== WORK INSTRUCTIONS ==
Only the pictures should be left out; write out all other data exactly.

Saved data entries
[Start of Attachment]

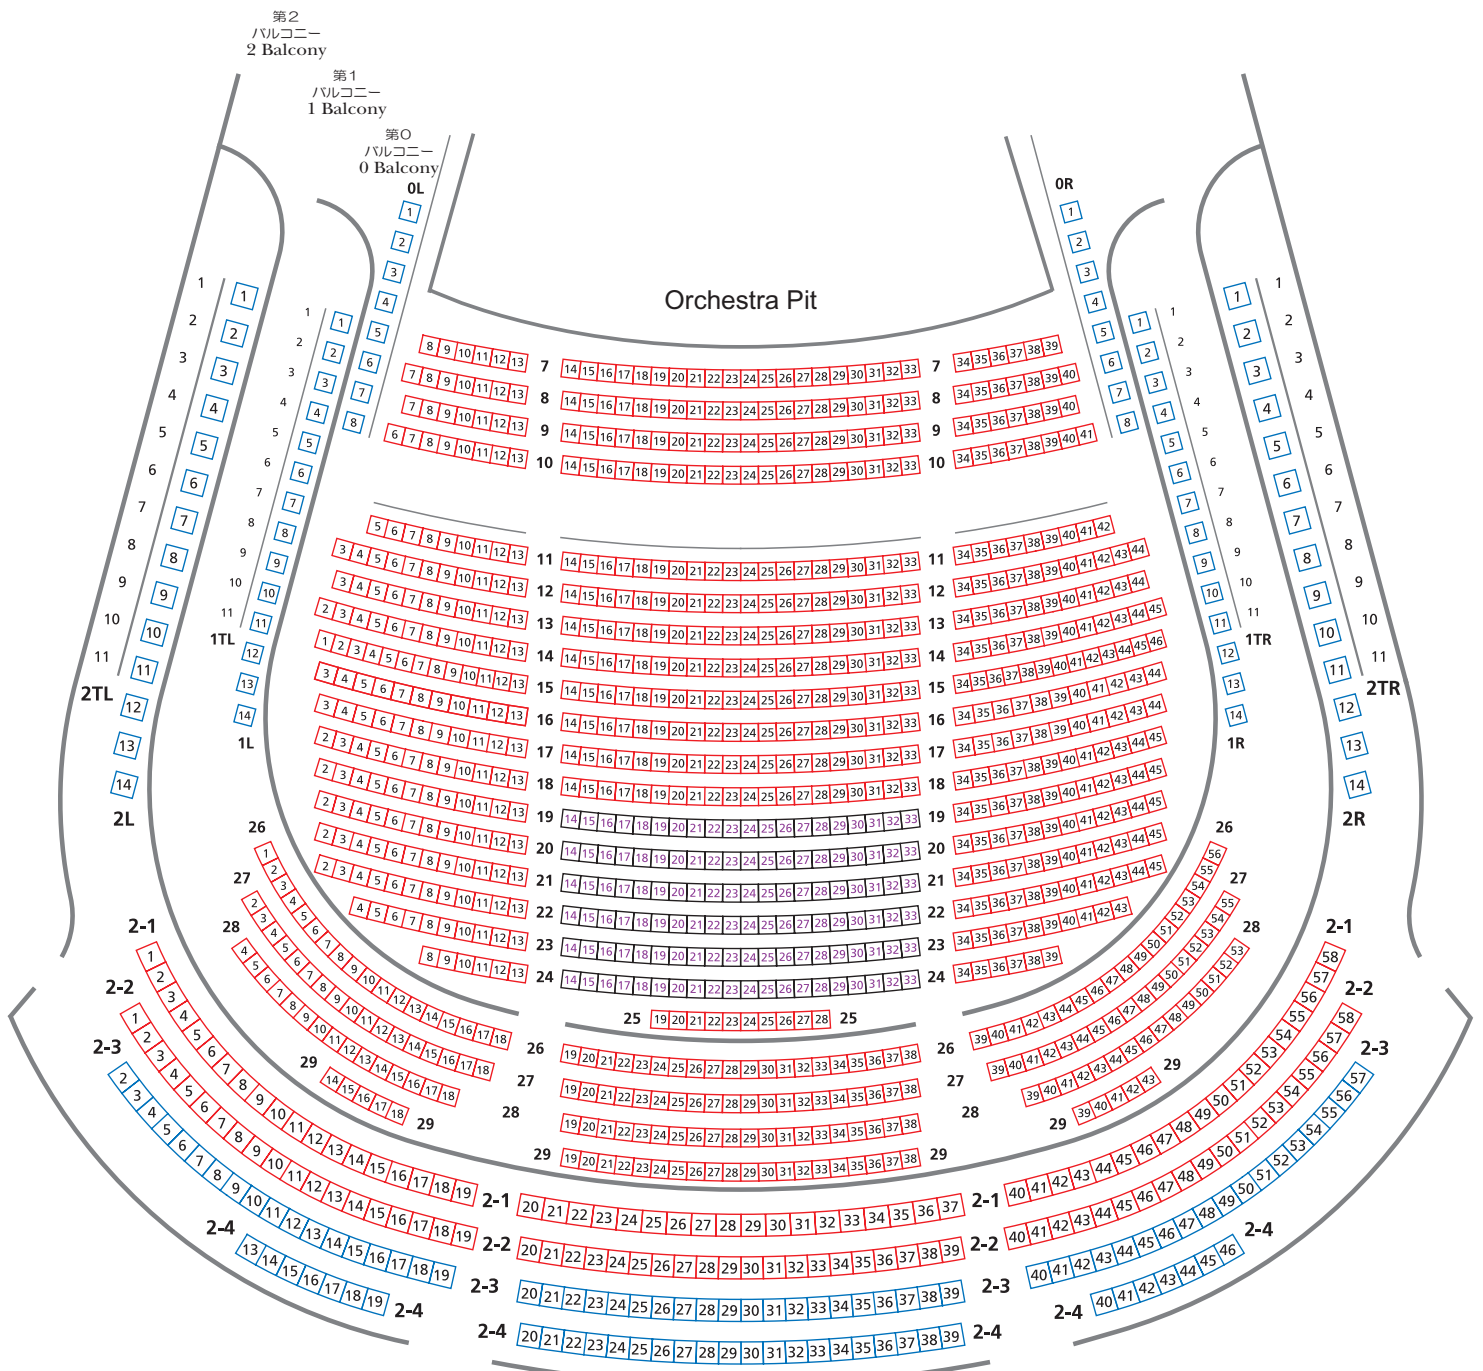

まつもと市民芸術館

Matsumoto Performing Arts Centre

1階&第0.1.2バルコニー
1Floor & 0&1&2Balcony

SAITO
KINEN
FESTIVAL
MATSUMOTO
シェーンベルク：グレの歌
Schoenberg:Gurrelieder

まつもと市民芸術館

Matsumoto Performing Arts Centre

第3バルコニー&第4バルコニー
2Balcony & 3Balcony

[End of Attachment]

== TASK RESPONSE ==
まつもと市民芸術館

Matsumoto Performing Arts Centre

1階&第0.1.2バルコニー
1Floor & 0&1&2Balcony

SAITO
KINEN
FESTIVAL
MATSUMOTO
シェーンベルク：グレの歌
Schoenberg:Gurrelieder

まつもと市民芸術館

Matsumoto Performing Arts Centre

第3バルコニー&第4バルコニー
2Balcony & 3Balcony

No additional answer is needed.